Let me now develop that immediate question into the broader issue of the Chancellor’s Budget and the magnitude of the task that we had to undertake. There is, of course, a difference between the problem of the deficit and the problem of the debt. There is a public debt problem, which is growing rapidly, but as the Chancellor has pointed out and as I have often pointed out myself, it is not greatly out of line with what is happening in many other countries, or with what has happened historically. The real problem for the United Kingdom is the massive level of public borrowing. That is why markets are important. The deficit in the last financial year was 11% of GDP; in the current financial year, it is 10.5% of GDP. That money—£155 billion—must be borrowed. My views on that, on how it should be dealt with, and on the kind of radicalism that is needed had nothing to do with the formation of the coalition. My views were set out a year ago, when I wrote a pamphlet which did, indeed, bear a strong resemblance to what the Chancellor produced yesterday in terms of scale, scope and speed.
Let me tell the shadow Chancellor why I feel strongly about the need to act in such a decisive way in terms of fiscal policy. There are two reasons. First, I saw the disaster unfolding under the last Government, when they were overtaken by a major financial crisis for which they were not prepared and to which they had massively contributed. Of course there is a global problem—we know that—but its impact has been much more serious in this country than elsewhere. That is because the Government allowed household debt, in relation to income, to rise to the highest level in the developed world; because they acted and planned on the assumption that house prices rise for ever, although we know from the evidence that they go up and down roughly every 17 or 18 years, as they have done for the last 300 years; and because they created, encouraged and fostered an almost Icelandic dependence on major international banks, the combined magnitude of whose balance sheets represented 400% of our economy.
The Government allowed that to happen. Some of us warned about the dangers, and they took no notice: they said that we were scaremongering.
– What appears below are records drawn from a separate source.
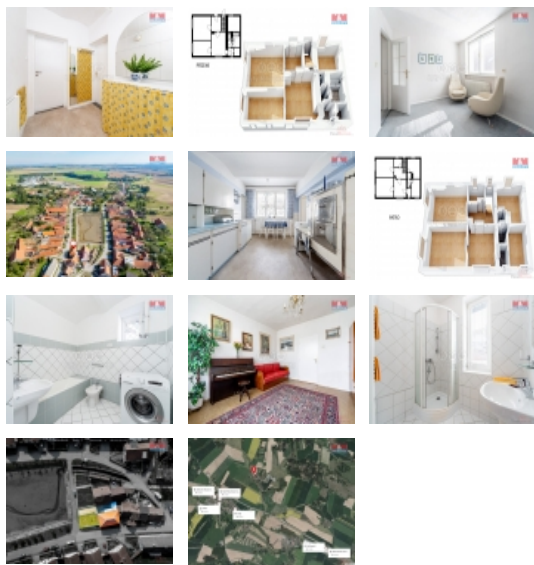

Informace o nemovitosti

Počet podlaží objektu	2
Druh objektu	cihlová
Stav objektu	dobrý
Vlastnictví	osobní

Nemovitost nabízí

M&M reality holding a. s.

Krakovská 1675/2
Praha - Nové Město
11000

But the crisis hit them, and, having experienced it once, we on this side of the House are determined that such a financial crisis should not happen again as a result of sovereign risk. That is why we are decisive, and why we feel that we need to act.
If what the right hon. Gentleman says about the banks is true, why has the Budget been quite so lenient with them? Why has it taken only £1 billion from them, when the rest of the country is having to pay £14 billion as a result of the measures in the Red Book? What will his Department do to prevent the banks from passing even that £1 billion on to their customers?
That was a very strange intervention. It may reflect the fact that the hon. Gentleman—whom I respect a great deal—has rejoined the House following the election, and may not be familiar with the arguments that led up to it. He will know, however, that the last Government were going to phase out their bonus tax. We have reintroduced a stable system of taxation on banks, the incidence of which will increase over time. Of course, many things need to happen to the banking system. We will discuss, as colleagues, how we should deal with such matters as bank lending, on which there is an outrageous record of bank dysfunctionality.